INSTRUCTIONS FOR THE TASK —
Pull each line with the string "this" from the entries.

Extracted data entries
☆ ☆ ☆ ☆ ☆
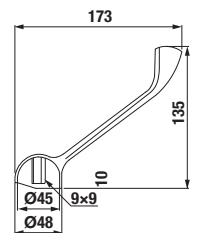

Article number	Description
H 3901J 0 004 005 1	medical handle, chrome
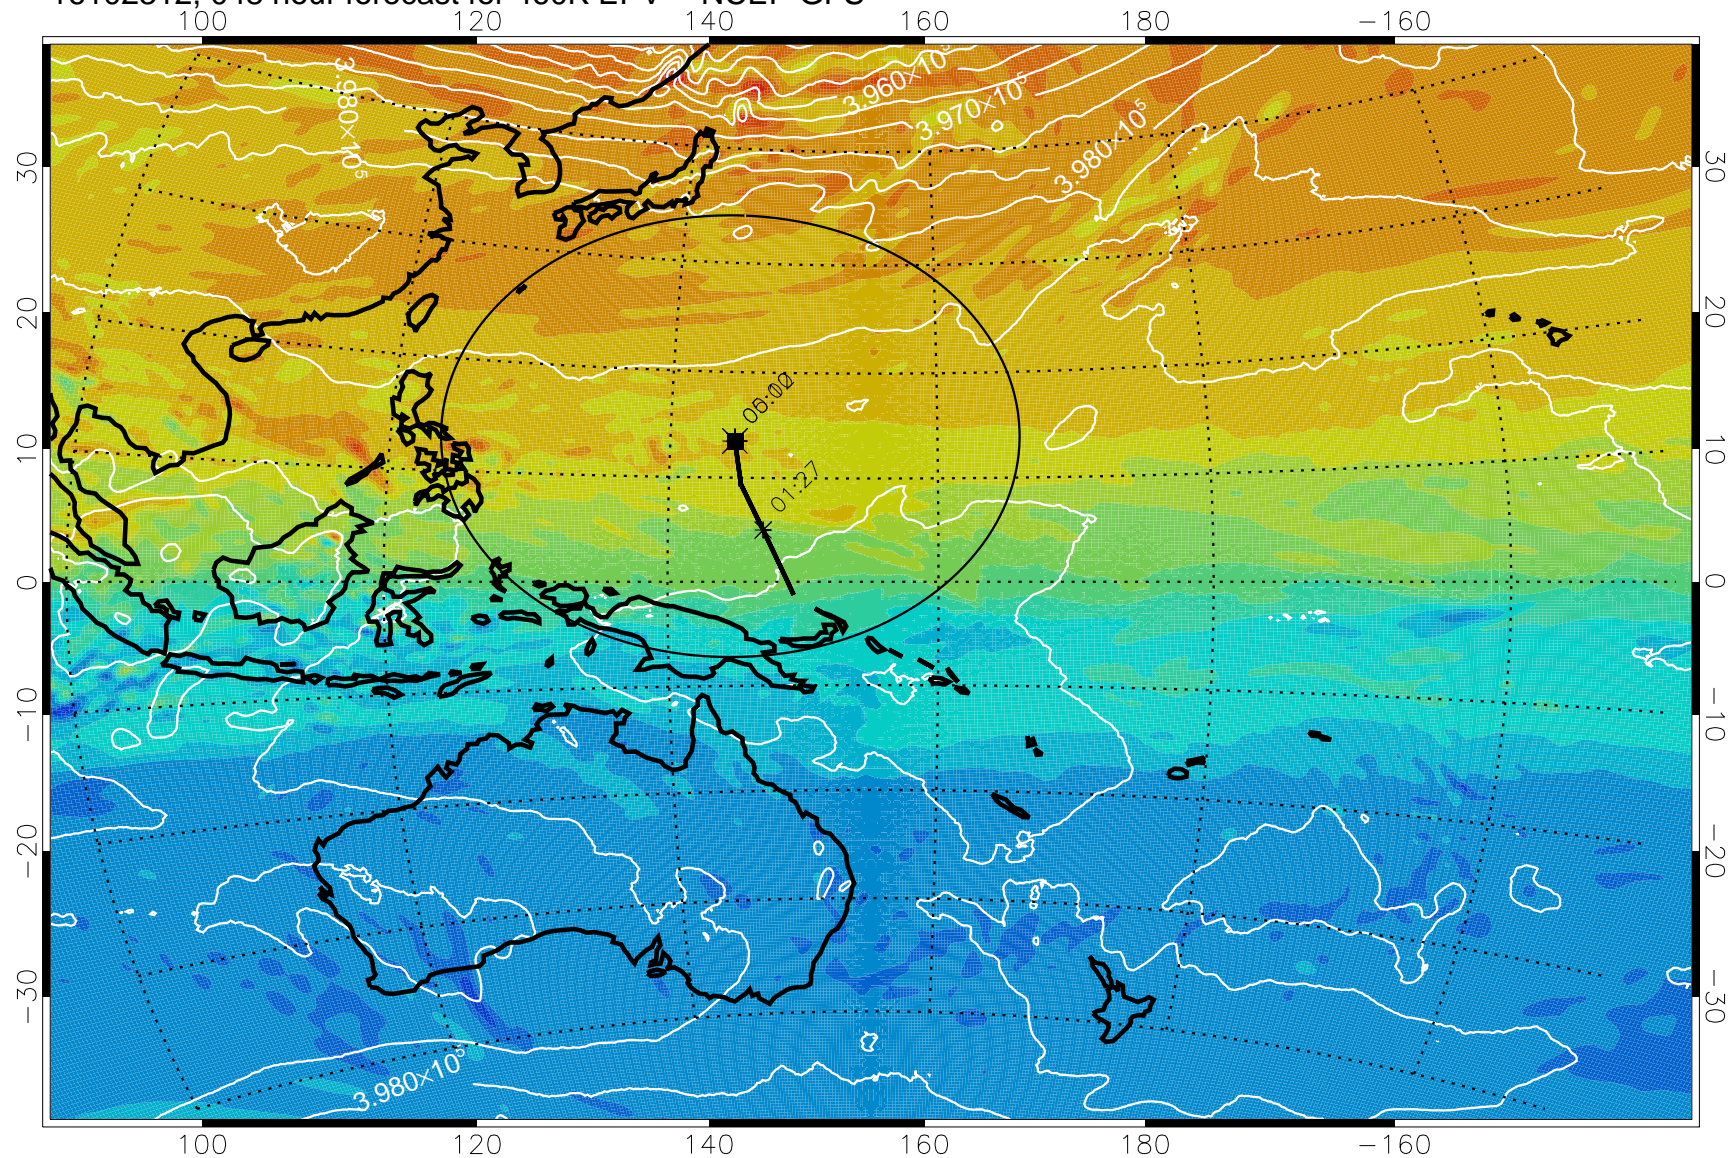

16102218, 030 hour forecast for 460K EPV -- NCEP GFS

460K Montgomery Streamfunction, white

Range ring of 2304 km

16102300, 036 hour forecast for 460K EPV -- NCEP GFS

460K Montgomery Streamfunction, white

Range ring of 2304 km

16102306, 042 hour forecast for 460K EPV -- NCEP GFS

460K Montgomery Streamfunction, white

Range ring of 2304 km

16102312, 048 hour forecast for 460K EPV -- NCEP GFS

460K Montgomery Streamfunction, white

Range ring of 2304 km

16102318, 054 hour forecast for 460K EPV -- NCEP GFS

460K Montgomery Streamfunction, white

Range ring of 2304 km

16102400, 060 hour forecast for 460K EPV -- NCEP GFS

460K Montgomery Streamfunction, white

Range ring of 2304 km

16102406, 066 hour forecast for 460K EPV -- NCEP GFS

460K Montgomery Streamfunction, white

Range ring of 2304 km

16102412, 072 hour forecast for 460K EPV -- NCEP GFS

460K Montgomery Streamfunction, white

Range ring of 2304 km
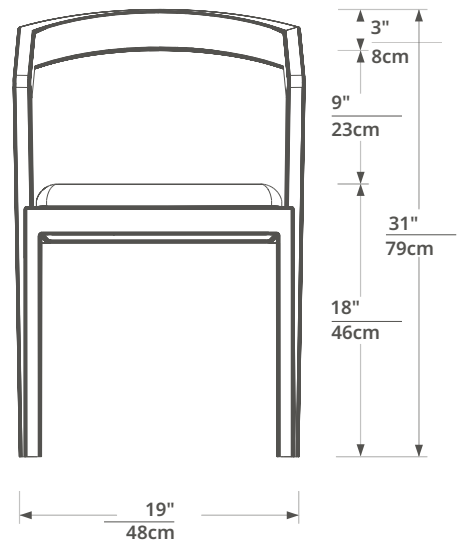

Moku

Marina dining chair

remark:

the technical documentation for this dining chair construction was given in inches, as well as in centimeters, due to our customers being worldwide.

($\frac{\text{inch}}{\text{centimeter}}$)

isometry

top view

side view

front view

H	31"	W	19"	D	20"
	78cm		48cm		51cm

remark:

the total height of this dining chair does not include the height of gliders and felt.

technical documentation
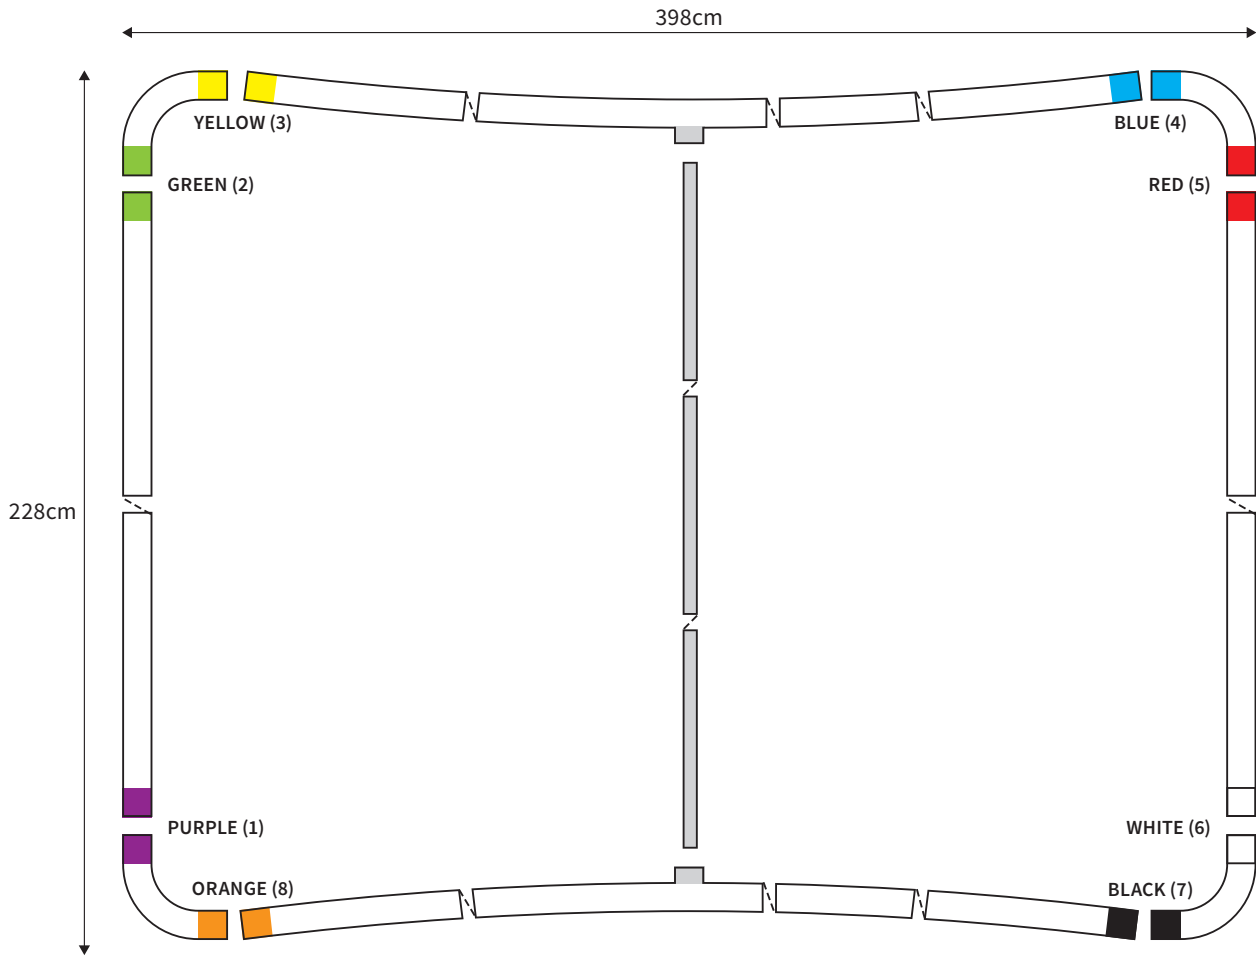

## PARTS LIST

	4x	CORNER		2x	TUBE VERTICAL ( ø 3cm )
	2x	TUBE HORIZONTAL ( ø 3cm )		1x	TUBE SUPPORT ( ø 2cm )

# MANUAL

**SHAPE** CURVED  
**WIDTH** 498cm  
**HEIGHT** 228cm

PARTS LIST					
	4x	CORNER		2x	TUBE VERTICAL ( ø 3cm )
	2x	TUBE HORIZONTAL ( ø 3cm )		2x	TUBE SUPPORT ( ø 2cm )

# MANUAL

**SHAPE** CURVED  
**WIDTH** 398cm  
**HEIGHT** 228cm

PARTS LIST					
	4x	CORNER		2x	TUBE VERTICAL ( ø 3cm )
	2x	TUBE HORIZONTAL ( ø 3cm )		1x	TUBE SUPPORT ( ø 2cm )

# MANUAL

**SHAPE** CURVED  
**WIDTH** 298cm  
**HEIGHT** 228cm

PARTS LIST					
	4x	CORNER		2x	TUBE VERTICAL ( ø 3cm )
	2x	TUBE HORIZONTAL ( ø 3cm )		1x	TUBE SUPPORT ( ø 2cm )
☆ ☆ ☆ ☆ ☆
EXERCISE RESPONSE —
the technical documentation for this dining chair construction was given in inches, as well as in centimeters, due to our customers being worldwide.
the total height of this dining chair does not include the height of gliders and felt.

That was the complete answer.